- Born: James William Beauchamp Blackett 17 October 1964 (age 61)
- Education: Eton College
- Occupations: Writer, retired Army Officer
- Spouse: Sheralyn
- Children: 2
- Writing career
- Notable works: The Enigma of Kidson Red Rag to a Bull Rural Life in an Urban Age

= Jamie Blackett =

21st-century British landowner and writer

James William Beauchamp Blackett (born 17 October 1964) is a British author, playwright, columnist, landowner and farmer, and political activist, who served as leader of the All for Unity party from 2021, until the party's dissolution in 2022. He has written articles appearing in The Daily Telegraph, The Spectator and other publications. He writes regularly for Country Life and wrote a monthly column, "Farming Life", for Country Life from 2019 to 2023. He was a founder contributor of the online countryside magazine Scribehound for which he writes a monthly column. He is also a regular commentator on GB News and a regular guest on BBC Radio 2 Jeremy Vine Show.

== Early life and career ==
Educated at Ludgrove School and Eton College, Blackett enlisted as a private soldier at The Guards Depot before training at The Royal Military Academy Sandhurst and served as an officer in the Coldstream Guards from 1984 to 2002, including service in Northern Ireland during The Troubles and the first Gulf War. In addition, he served as a Deputy Lieutenant for Dumfriesshire from 2013 to 2020. Blackett has been a member of the Royal Company of Archers since 2012.

Blackett is a direct descendant of Christopher Blackett of Wylam Hall, Northumberland, founder of The Globe newspaper, and entrepreneur behind the world's oldest surviving steam engine Puffing Billy.

== Literary career ==
Although he writes mainly about rural matters, Blackett's first book The Enigma of Kidson is a partly autobiographical portrait of teacher Michael Kidson, whose pupils at Eton College included former Prime Minister David Cameron. In the book, Blackett describes being beaten by the Headmaster, Michael McCrum, one of the last acts of corporal punishment at the school. Blackett has been commissioned by theatre producers, The Anthology Group to adapt the work for the stage and a production is planned for 2027..

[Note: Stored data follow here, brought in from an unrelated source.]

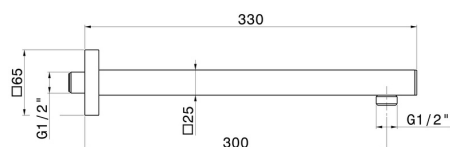

27672.M0.075

Bras ciel de pluie mural, carré, en laiton. L=300 mm - finition Copper Glossy

CARACTÉRISTIQUES

Matériau	Laiton
Installation	Murale

DESSIN TECHNIQUE

27672.M0.075

Bras ciel de pluie mural, carré, en laiton. L=300 mm - finition Copper Glossy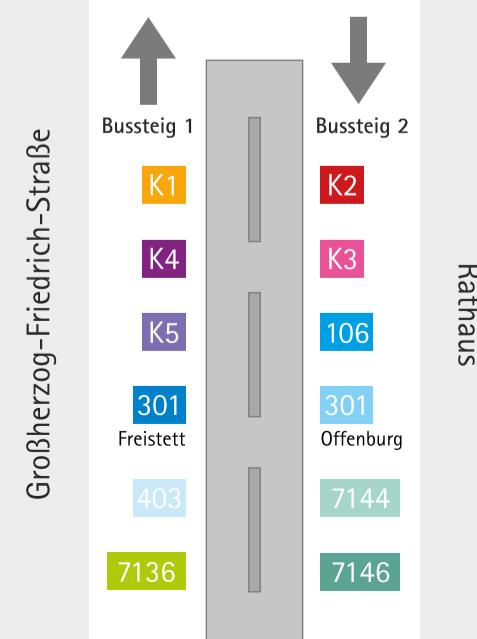

Linie K1 Sundheim, Rheintalcenter – Kehl, Rathaus

Linie K1	Montag – Freitag																
Verkehrsbeschränkung																	
Haltestellenname mit Ort																	
Sundheim, Rheintalcenter	14:06	14:36	15:06	15:36	16:06	16:36	17:06	17:36	18:06	18:36	19:06	19:36	-	-	22:39	23:39	00:39
- Leppertsloh	14:07	14:37	15:07	15:37	16:07	16:37	17:07	17:37	18:07	18:37	19:07	19:37	-	-	22:41	23:41	00:41
- Sternen	14:08	14:38	15:08	15:38	16:08	16:38	17:08	17:38	18:08	18:38	19:08	19:38	-	-	22:42	23:42	00:42
- Am Storchennest	14:09	14:39	15:09	15:39	16:09	16:39	17:09	17:39	18:09	18:39	19:09	19:39	-	-	22:43	23:43	00:43
- Martin-Luther-Weg	14:10	14:40	15:10	15:40	16:10	16:40	17:10	17:40	18:10	18:40	19:10	19:40	20:43	21:43	22:43	23:43	00:43
Kehl, Mittelplatz	14:11	14:41	15:11	15:41	16:11	16:41	17:11	17:41	18:11	18:41	19:11	19:41	-	-	-	-	-
- Bismarckstraße	14:12	14:42	15:12	15:42	16:12	16:42	17:12	17:42	18:12	18:42	19:12	19:42	-	-	-	-	-
- Ritterstraße	14:13	14:43	15:13	15:43	16:13	16:43	17:13	17:43	18:13	18:43	19:13	19:43	-	-	-	-	-
- Wilhelmschule	14:14	14:44	15:14	15:44	16:14	16:44	17:14	17:44	18:14	18:44	19:14	19:44	-	-	-	-	-
- Rathaus	14:17	14:47	15:17	15:47	16:17	16:47	17:17	17:47	18:17	18:47	19:17	19:47	20:48	21:48	22:48	23:48	00:48

⚡ Alle Fahrten werden mit Niederflurfahrzeugen durchgeführt.

Weitere Fahrten finden Sie in den Fahrplantabellen der Linien 301/106, 7144 und 7146 (jeweils Kehl – Offenburg) sowie unter www.bwvgt.de oder im DB Navigator.

Unsere Partner:

Trotz sorgfältiger Bearbeitung kann keine rechtliche Gewähr für die Richtigkeit des Inhalts dieses Fahrplans übernommen werden. Änderungen bleiben vorbehalten.

Stand: Dezember 2022

Abfahrtsstellen Busse
Rendezvous am Rathaus Kehl
Reihenfolge wechselnd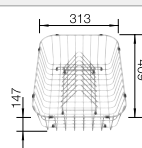

Корзина для посуды с держателями
507 829

His books, Red Rag to a Bull (2018) and its sequel Land of Milk and Honey (2022) tell how he arrived home from military service to take over Arbigland, an agricultural estate on the Solway Firth in Dumfries and Galloway to find a rapidly changing countryside. Set over 20 years through the Scottish independence referendum, hunting ban, Brexit, Coronavirus and the 2021 Scottish Parliamentary Elections, the books cover challenges threatening a way of life and an emerging rural philosophy in which farmers have greater freedom to manage the countryside.

== Political career ==
In 2020, Blackett became the Deputy Leader of the Alliance for Unity, a party which was founded by George Galloway to contest the 2021 Scottish Parliament election. The registered name of the party became All for Unity, with Blackett as the Leader and Galloway as the Nominating Officer and Lead Spokesperson. In the election, Galloway stood as the lead candidate, with Blackett as second, in the South Scotland electoral region. He and Galloway spoke out against what they saw as the increasingly corrupt and extreme nationalism of the Scottish National Party and the ‘Ulsterisation’ of Scotland, Blackett linking it to his first-hand experience as a soldier in Northern Ireland. Blackett later broke with Galloway and All for Unity was de-registered as a political party.

Blackett has become increasingly active as a countryside campaigner. He is an ambassador for Love British Food In July 2026 he founded Ground Cry, the campaign to save meadow birds, waders and other ground nesting birds.